In normal years, the Toronto International Film Festival (TIFF) is the largest film festival in North America. This year, it has drastically scaled down its plans and scrapped 50 films or TV series from around the world, leaning on projects set to debut on streaming services or television this autumn.
Cameron Bailey, artistic director and co-head of the festival, acknowledged it was far from TIFF’s regular lineup.
He said: “We began this year planning for a 45th Festival much like our previous editions, but along the way we had to rethink just about everything. This year’s line-up reflects that tumult. The names you already know are doing brand new things this year, and there’s a whole crop of exciting new names to discover.”
Some of the notable films include the 90-year-old Wiseman’s City Hall, a portrait of Boston’s City Hall; Regina King’s drama about a young Muhammad Ali, then Cassius Clay, titled One Night In Miami; Herzog and Clive Oppenheimer’s Apple TV+ meteorite documentary Fireball: Visitors From Darker Worlds; Pieces Of A Woman, Kornel Mundruczo’s family drama with Shia LaBeouf; and Glendyn Ivin’s Penguin Bloom, with Naomi Watts.

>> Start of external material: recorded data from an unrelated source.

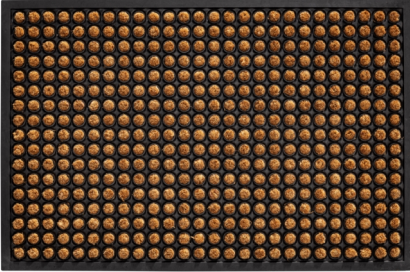

## 151 RUBCO

<b>Herstellungsmethode:</b>	Implantiert
<b>Innen- / Außengebrauch:</b>	Außerhalb / Innerhalb
<b>Unterseite:</b>	Gummi
<b>Basis Materialzusammens:</b>	20% Latex / 40% Gummi / 40% Kokosnuss
<b>Polmaterial:</b>	100% Kokosnuss
<b>Gesamthöhe:</b>	16 mm
<b>Mattengrößen:</b>	40x60 cm
<b>Ursprungsland:</b>	Indien
<b>Tarifcode:</b>	57050080

outdoor  
use

indoor  
use

scrape  
effect

### VERFÜGBAR IN:

<b>Beschreibung:</b>	Rubco Dots 40x60
<b>Verfügbar als:</b>	Matten
<b>Farbe:</b>	001 Natur / Schwarz
<b>Breite:</b>	40 cm
<b>Länge:</b>	60 cm

<b>Beschreibung:</b>	Rubco Stripes 40x60
<b>Verfügbar als:</b>	Matten
<b>Farbe:</b>	002 Natur / Schwarz
<b>Breite:</b>	40 cm
<b>Länge:</b>	60 cm

<b>Beschreibung:</b>	Rubco Blocks 40x60
<b>Verfügbar als:</b>	Matten
<b>Farbe:</b>	003 Natur / Schwarz
<b>Breite:</b>	40 cm
<b>Länge:</b>	60 cm

Aus produktionstechnischen Gründen können die Farben abweichen. Gewichts- und Größenangaben sind immer annähernd.

Some of the films will play first at the much smaller Venice Film Festival the week prior in September. Toronto will also showcase new work from Mira Nair, Thomas Vinterberg and Michel Franco.
Toronto earlier announced that Spike Lee’s filmed version of David Byrne’s Broadway theatrical concert American Utopia, an HBO release, will open this year’s festival.

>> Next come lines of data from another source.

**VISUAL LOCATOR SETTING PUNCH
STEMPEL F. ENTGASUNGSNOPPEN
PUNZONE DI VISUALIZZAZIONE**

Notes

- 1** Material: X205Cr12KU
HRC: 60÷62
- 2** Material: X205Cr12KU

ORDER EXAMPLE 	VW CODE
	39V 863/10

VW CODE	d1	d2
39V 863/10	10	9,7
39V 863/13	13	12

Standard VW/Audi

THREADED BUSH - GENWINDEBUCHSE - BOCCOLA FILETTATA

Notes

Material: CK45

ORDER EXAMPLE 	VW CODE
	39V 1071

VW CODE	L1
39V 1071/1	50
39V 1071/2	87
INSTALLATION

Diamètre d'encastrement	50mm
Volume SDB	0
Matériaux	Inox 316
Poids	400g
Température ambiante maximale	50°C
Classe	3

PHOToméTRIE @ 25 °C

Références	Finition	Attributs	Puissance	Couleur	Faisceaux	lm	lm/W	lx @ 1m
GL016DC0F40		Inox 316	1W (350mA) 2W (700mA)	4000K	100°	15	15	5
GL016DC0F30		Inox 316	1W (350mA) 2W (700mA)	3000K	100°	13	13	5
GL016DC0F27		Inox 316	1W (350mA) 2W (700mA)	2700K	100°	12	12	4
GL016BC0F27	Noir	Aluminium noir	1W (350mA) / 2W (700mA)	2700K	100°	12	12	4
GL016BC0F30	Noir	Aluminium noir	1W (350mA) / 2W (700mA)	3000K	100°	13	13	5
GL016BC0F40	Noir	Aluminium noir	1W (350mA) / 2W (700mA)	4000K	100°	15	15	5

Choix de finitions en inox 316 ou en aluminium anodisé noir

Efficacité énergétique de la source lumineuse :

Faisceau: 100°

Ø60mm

The major autumn festivals – Venice, Toronto, Telluride and New York – earlier announced an alliance, saying they would collaborate on programming.

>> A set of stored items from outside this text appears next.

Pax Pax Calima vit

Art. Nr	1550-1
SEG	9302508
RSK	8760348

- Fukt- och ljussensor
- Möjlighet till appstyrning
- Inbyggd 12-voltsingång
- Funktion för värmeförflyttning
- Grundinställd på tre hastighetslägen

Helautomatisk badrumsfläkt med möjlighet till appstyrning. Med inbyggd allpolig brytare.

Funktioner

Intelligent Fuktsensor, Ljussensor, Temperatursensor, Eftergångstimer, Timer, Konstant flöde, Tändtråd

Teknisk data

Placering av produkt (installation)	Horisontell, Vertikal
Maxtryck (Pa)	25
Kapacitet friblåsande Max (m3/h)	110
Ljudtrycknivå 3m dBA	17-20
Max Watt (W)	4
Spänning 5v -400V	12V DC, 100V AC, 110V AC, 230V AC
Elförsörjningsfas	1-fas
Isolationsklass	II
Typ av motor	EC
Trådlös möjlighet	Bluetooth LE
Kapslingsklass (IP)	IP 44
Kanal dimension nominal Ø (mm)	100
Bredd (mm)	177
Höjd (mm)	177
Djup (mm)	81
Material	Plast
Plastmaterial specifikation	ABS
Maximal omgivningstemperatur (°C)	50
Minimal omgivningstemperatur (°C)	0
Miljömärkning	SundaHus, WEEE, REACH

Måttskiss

Since then, Colorado’s Telluride has been cancelled but reborn as a drive-in series in Los Angeles. The festivals earlier announced Chloe Zhao’s Nomadland will debut across all four events.
Toronto organisers say they continue to work with health officials to determine how and if it can host in-person events. With travel restricted between the US and Canadian border, it has urged many festival-goers who flock to Toronto to stay at home.